School District’s second contention on review is that even if mandatory bargaining was required for any of the changes instituted, Association waived its right to bargain by virtue of Articles XV(A) and (E) of the collective bargaining agreement. We disagree.

The parties’ collective bargaining agreement contains an express provision which defines the requirements for modification, change, alteration or deletion of terms of the contract, and a waiver of the parties’ right to negotiate all items not removed by law during the term of the contract.2

When parties have fully bargained a mandatory subject of bargaining or have reached an agreement which is incorporated into *311the collective bargaining agreement, the parties may waive further bargaining. (See generally East Richland Education Association v. Illinois Educational Labor Relations Board (1988), 173 Ill. App. 3d 878, 528 N.E.2d 751.) However, a midterm bargaining obligation may continue for items which are not fully bargained or set forth in the agreement. (Board of Education, LeRoy Community Unit School District No. 2 v. Illinois Educational Labor Relations Board (1990), 199 Ill.
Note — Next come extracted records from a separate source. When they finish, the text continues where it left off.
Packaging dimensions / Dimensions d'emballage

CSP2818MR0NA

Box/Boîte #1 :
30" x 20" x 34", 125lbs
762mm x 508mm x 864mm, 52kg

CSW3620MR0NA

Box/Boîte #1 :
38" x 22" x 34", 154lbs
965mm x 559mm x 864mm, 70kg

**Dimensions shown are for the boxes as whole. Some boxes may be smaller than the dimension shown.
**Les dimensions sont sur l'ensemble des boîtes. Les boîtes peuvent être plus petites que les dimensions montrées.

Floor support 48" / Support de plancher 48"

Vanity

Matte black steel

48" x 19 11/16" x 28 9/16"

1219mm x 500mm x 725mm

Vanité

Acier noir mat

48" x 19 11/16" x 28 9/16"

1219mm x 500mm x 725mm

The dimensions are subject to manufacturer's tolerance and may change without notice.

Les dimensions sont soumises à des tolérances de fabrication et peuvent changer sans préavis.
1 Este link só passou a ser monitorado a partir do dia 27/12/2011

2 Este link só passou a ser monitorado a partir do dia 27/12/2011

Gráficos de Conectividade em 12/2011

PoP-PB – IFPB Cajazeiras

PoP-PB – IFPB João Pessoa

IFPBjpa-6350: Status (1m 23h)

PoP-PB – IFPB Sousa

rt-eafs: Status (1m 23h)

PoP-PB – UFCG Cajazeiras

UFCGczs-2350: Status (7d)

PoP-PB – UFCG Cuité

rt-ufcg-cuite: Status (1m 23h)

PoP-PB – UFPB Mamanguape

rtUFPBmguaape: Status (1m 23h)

App. 3d 347, 365, 556 N.E.2d 857, 868.) In order for a contractual waiver to be found, the language of the agreement in light of any evidence presented on bargaining history must demonstrate a “clear and unmistakable” agreement to waive midterm bargaining. See AFSCME, 190 Ill. App. 3d at 269, 546 N.E.2d at 694; Board of Education, LeRoy Community Unit School District No. 2, 199 Ill. App. 3d at 366, 556 N.E.2d at 869.

The IELRB held in this case that the waiver clause, which is commonly referred to as a “zipper clause,” is not all-encompassing, and that Association could not have waived its bargaining rights regarding the disputed issues during precontract negotiations since the nature of the changes was then unknown. This finding is not contrary to the manifest weight of the evidence.
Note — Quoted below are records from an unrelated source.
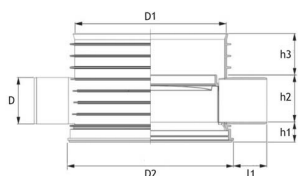

PRO630 RETTLØPSKUM

MÅLSKISSE

NRF-nr	Varetekst	D	D1	D2	l1	h1	h2	h3	Datablad
3081031	160 mm PRO630 rettløpskum	160 mm	630 mm	712 mm		73 mm	219 mm	174 mm	9010459247070
3081032	200 mm PRO630 rettløpskum	200 mm	630 mm	712 mm		73 mm	219 mm	174 mm	9010459247087
3081033	250 mm PRO630 rettløpskum	250 mm	630 mm	712 mm		76 mm	325 mm	174 mm	9010459247094
3081034	315 mm PRO630 rettløpskum	315 mm	630 mm	712 mm		69 mm	332 mm	174 mm	9010459247100
3081035	400 mm PRO630 rettløpskum	400 mm	630 mm	712 mm	169 mm	88 mm	540 mm	180 mm	9010459247117
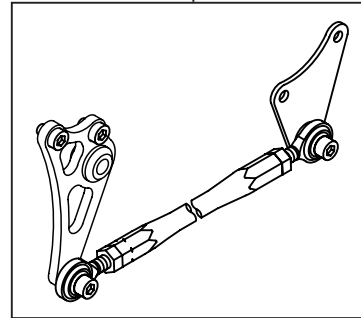

リアディスクブレーキキット (10・12インチ / ノーマルステップ用)

製品番号 06-08-0203

適応車種及び フレーム番号	モンキー、ゴリラ (Z50J-1300017 ~)
	(AB27-1000001 ~)
	モンキー BAJA (Z50J-1700001 ~)

- ・この度は、弊社製品をお買い上げ頂きまして有り難うございます。使用の際には下記事項を遵守頂きますようお願い致します。
- ・ご使用につきましては、各キット内容をお確かめ、各キットの明記事項を遵守頂きます様お願い致します。万一お気付きの点がございましたら、お買い上げ頂いた販売店にご相談下さい。

◎イラスト、写真などの記載内容が本パーツと異なる場合がありますので、予めご了承下さい。

～キット内容～

06-08-0143
マスターシリンダーセット
(ノーマルステップ用)

QTY:1

06-08-0025
リアディスクハブキット
(ダンパータイプ2)

QTY:1

00-06-0044
キャリパーブラケットキット
(フローティングタイプ)

QTY:1

06-08-1732
キャリパー ASSY.

QTY:1

06-08-0096
リアブレーキホースキット
(600mm)

QTY:1

☆ご使用前に必ずお読み下さい☆

- ◎取り付けに際しては、同梱の各キットの注意事項、必要パーツ等を必ずご確認ください。
- ◎取扱説明書に書かれている指示を無視した使用により事故や損害が発生した場合、弊社は賠償の責を一切負いかねます。
- ◎当品は、上記適応車種、フレーム番号の車両専用です。他の車両には取り付け出来ませんのでご注意ください。
- ◎性能アップ、デザイン変更、コストアップ等で商品および価格は予告無く変更されます。予めご了承下さい。
- ◎クレームについては、材料および加工に欠陥があると認められた製品に対してのみ、お買い上げ後1ヶ月以内を限度として、修理又は交換させて頂きます。但し、正しい取り付けや、使用方法など守られていない場合は、この限りではありません。修理又は交換等にかかる一切の費用は対象となりません。なお、レース等でご使用の場合はいかなる場合もクレームは一切お受け致しません。予めご了承下さい。
- ◎このキットは10インチホイール、12又は16cmロングスイングアーム取り付け車専用です。
- ◎スプロケットは、12V車用が必要になります。
- ◎ノーマルマフラーとの同時装着は出来ません。

The waiver clause at issue states that the parties waive the opportunity to negotiate all items not removed by law. Thus, if the action taken by the employer was not a subject of mandatory bargaining covered by the Act, then the item undoubtedly would be waived. However, the plain language of Article XV states that the parties do not waive the right to bargain subjects that are covered by law such as those present in this case.

School District does not rely on any extrinsic evidence to support a claim that the language of the clause should be construed to provide for such a waiver. The record reflects that at the time the instant waiver clause was negotiated, Association did not intend to relinquish its midterm bargaining rights. Moreover, the bargaining history demonstrates that Association would not agree to any such waiver.
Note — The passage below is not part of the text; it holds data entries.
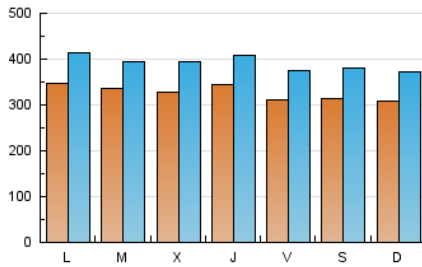

LaNuevaCronica.com
 DIARIO LEONÉS DE INFORMACIÓN GENERAL

1. Cifras totales y promedios (Nacional)

MES - AÑO	NAVEGADORES UNICOS	VISITAS	PAGINAS
Enero - 2021	502.276	1.208.446	1.906.995
PROMEDIO DIARIO	32.546	38.982	61.516
PROMEDIO LUNES-VIERNES	33.226	39.602	61.913
PROMEDIO SABADO-DOMINGO	31.116	37.680	60.682
PAGINAS / VISITAS	1,58		
DURACION MEDIA VISITAS	0:01:52		
DURACION MEDIA PAGINAS	0:03:14		

2. Secciones (Nacional)

	PAGINAS	%
HOME	510.855	26.79 %
RESTO	1.396.140	73.21 %

3. Por día del mes (Nacional)

Día	N. únicos	Visitas	Páginas	Día	N. únicos	Visitas	Páginas	Día	N. únicos	Visitas	Páginas
1	25.329	30.858	49.705	11	37.769	44.933	70.823	21	24.432	29.763	50.514
2	25.714	31.948	55.812	12	26.934	32.280	53.336	22	29.715	36.364	60.713
3	33.066	40.157	65.310	13	29.743	35.734	60.083	23	34.705	42.290	64.664
4	36.404	42.151	63.519	14	35.632	42.229	65.125	24	32.654	39.110	63.744
5	42.385	48.006	69.517	15	34.439	42.849	66.219	25	30.160	36.486	62.883
6	42.558	50.587	74.379	16	25.280	31.801	51.352	26	27.955	33.312	52.709
7	54.643	63.440	88.751	17	24.359	29.410	48.781	27	23.953	29.072	47.973
8	37.727	43.730	63.266	18	34.033	41.695	66.302	28	22.676	27.730	46.053
9	37.475	44.343	65.210	19	37.634	44.320	67.428	29	28.686	33.915	53.963
10	34.200	40.420	65.218	20	34.945	42.192	66.915	30	33.318	40.585	67.241
								31	30.389	36.736	59.487

4. Gráficas (Nacional)

4.1 Por día de la semana (promedio)

N. únicos / Visitas (x 100)

Páginas (x 100)

4.2 Por franja horaria (promedio)

Visitas (x 1000)

Páginas (x 1000)

4.3 Por meses
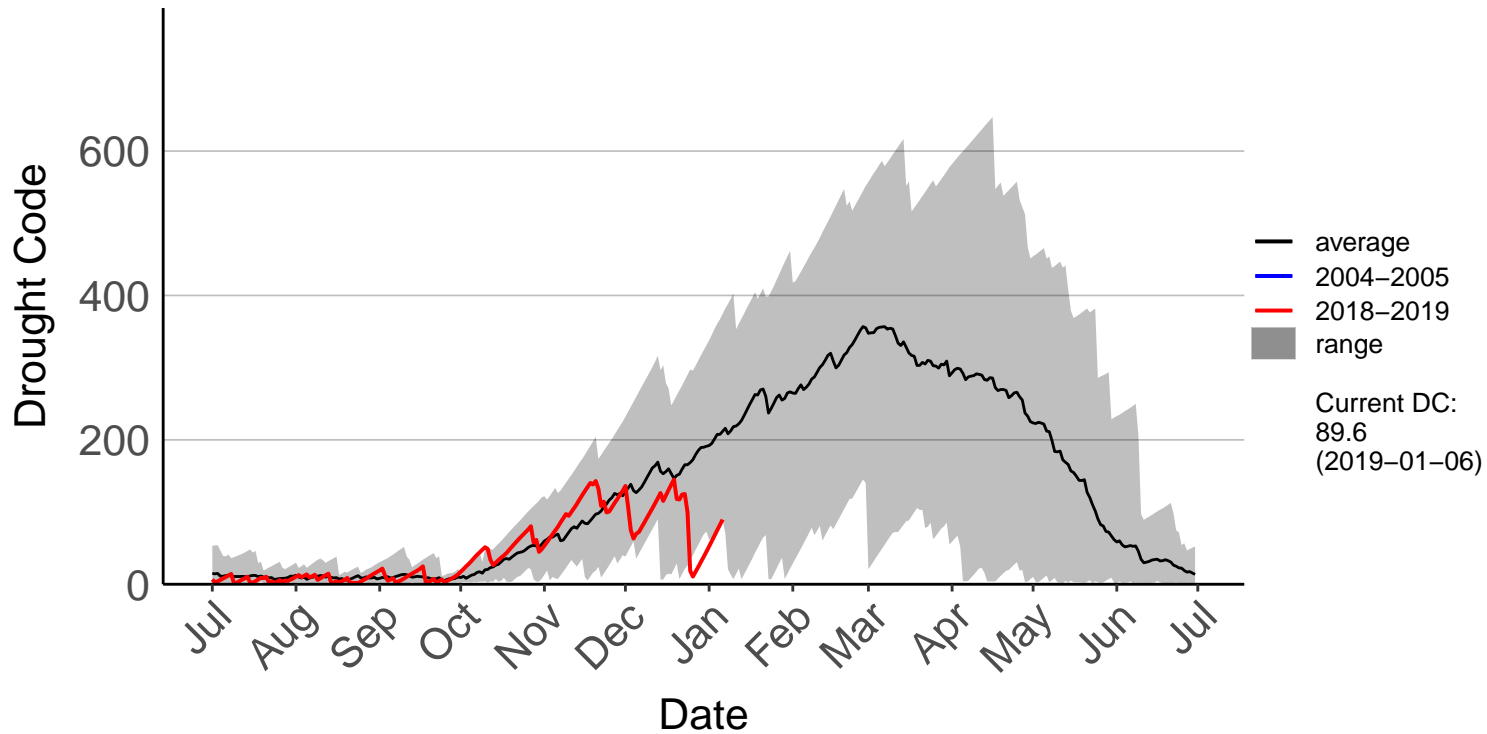

Aupouri Peninsula Raws

Dargaville Raws

Hokianga Raws

Kaeo Raws

Kaikohe Aws

Kaikohe Raws

Mangakahia Raws

Opouteke Raws

Pouto Raws

Towai Raws

Waitangi Forest Raws

Whangarei Aero Aws

Whangarei Raws

The waiver clause in this case is almost identical to the waiver clause found in Board of Education, LeRoy Community Unit School District No. 2, 199 Ill. App. 3d at 366, 556 N.E.2d at 869, where the court held that the language of the clause did not demonstrate a “clear and unmistakable” waiver of the right to further bargaining. The plain language of the waiver clause in this case, while clearly precluding the opportunity for additional negotiation on items not removed by law, does not waive the right of the parties to further bargain any items removed by law. We therefore hold that the clause at *312issue does not contain the “clear and unmistakable” language necessary to constitute a waiver of its right to bargain over the subjects at issue.

Accordingly, the decision of the Illinois Educational Labor Relations Board is affirmed.

Affirmed.

CERDA, P.J., and WHITE,* J., concur.